Let $A\in\mathbb{R}^{n\times n}$ be a symmetric matrix and $x\in\mathbb{R}^{n}$. I'm interested in finding an upper bound $\beta\in\mathbb{R}^+$ for the following quotient: $$ \left\vert\dfrac{\min_x x^{\intercal} A x}{\max_x x^{\intercal} A x}\right\vert \leq \beta$$ under the assumption that $\max_x x^{\intercal} A x > 0$.
In particular, I'm interested in finding a bound $\beta$ directly depending on properties of $A$, e.g. its entries, eigenvalues, spectral radius, etc.
I suspect one could gain some insight by analysing the following ratio $$\left\vert\dfrac{\lambda_{\text{min}}(A)}{\lambda_{\text{max}}(A)}\right\vert$$ where $\lambda_{\text{max}}(A)$ and $\lambda_{\text{min}}(A)$ are the largest and smallest eigenvalue of $A$, respectively, though I have tried to follow this path with no luck. Any insight will be highly appreciated!
Edit: I can assume that $x$ is bounded. To simplify, as $\Vert x \Vert \leq 1$.

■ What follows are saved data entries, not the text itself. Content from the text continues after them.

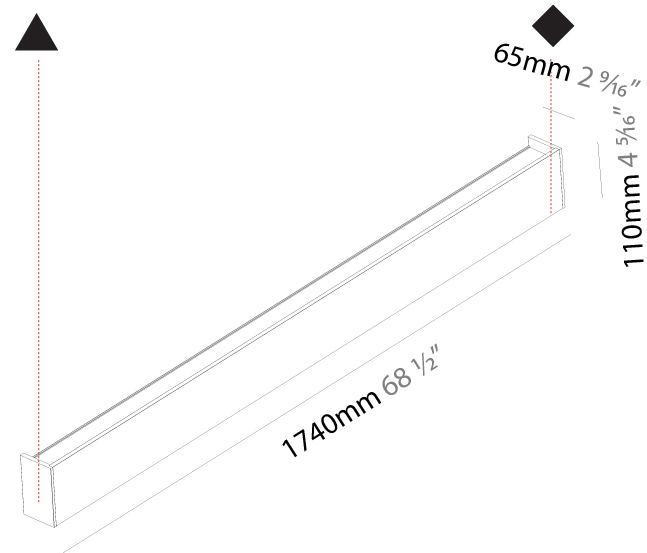

GENERAL

Series: Never Ending
Brand: Prolicht
Division: Architectural
Mounting Type: Surface
Mounting Location: Wall
Subcategory: Profile

PHYSICAL

Shape: Rectangle
Length (mm): 1740
Length (in): 68 1/2
Height (mm): 110
Depth (mm): 65
Height (in): 4 5/16
Depth (in): 2 9/16
Light Distribution: Direct / Indirect
Weight (kg): 6.2
Weight (lbs): 13.67
Diffuser: PMMA - Opal
Fixture Finish: ANA / SSR / BKV / CWI / CRY / HAB / MSR / UFT / ITA / RUA / OGR / FTG / MYG / RWR / LOD / PUS / FRO / FUP / KIA / POP / BLS / SPG / MEY / GOH / GUM / CHC / COM / ABZ / JAG / OBR / MOS / ROR
Fixture Material: Extruded Aluminum

ELECTRICAL

Lamp Type: LED (Zhaga Standard)
Input Wattage (W): 30
Total Output Wattage (W): 24 / 22.2 (3500K)
Dimming: Non-Dimming / Phase Dimming (120Vac only) / 0-10V Dimming
Driver Included: Yes
Driver Location: Integrated
Driver Type: Constant Current - 120 / 277Vac
Driver Class: Class 2
Input Voltage (V): 120 - 277
Constant Current (MA): 350 / 750 (3500K)

LED

Color Temperature (°K): 3000 / 3500 / 4000
Max. Delivered Lumen (lm): 1830 / 1901 / 1940
CRI: >80 CRI
Lamp Life (hrs): 50000

OPTICAL

RATINGS AND CERTIFICATIONS

Certified By: Certified for North American Standards
IP rating: IP20

PROJECT
TYPE
SPECIFIER
QUANTITY
DATE

If you look at the case where $A$ is symmetric positive definite, you can get some insight onto how to better formulate this problem. First, you need to actually constrain $\Vert x \Vert > 0$ to make the problem well defined. At that point, the argument that maximizes $x^\top A x$ is the unit-length eigenvector corresponding to $\lambda_\text{max}$. However, a problem becomes apparent in that you can pick $\Vert x \Vert$ to be an arbitrarily small $\epsilon$, in which case there is no well defined minimizing $x$, and the $\beta$ you seek can be any positive number, no matter how small. The infimum of the quadratic form should be zero over all allowed $x$.
I think you probably want to constrain the norm of $\Vert x \Vert$ to be exactly equal to 1. That will give you a well formed problem, and the answer will actually be the ratio of eigenvalues you gave (for positive definite $A$). That's because , if $x^* = \frac{v_\text{min}}{\Vert v_\text{min}\Vert}$, where $v_\text{min}$ is an eigenvector of $A$ corresponding to $\lambda_\text{min}$, then
$$ x^{*\top} A x^* = \frac{v_\text{min}^\top A v_\text{min}}{\Vert v_\text{min}\Vert^2} = \frac{v_\text{min}^\top (\lambda_\text{min} v_\text{min})}{\Vert v_\text{min}\Vert^2} = \frac{\lambda_\text{min} \Vert v_\text{min}\Vert^2}{\Vert v_\text{min}\Vert^2} = \lambda_\text{min}$$
And a similar argument can be made for the maximum value.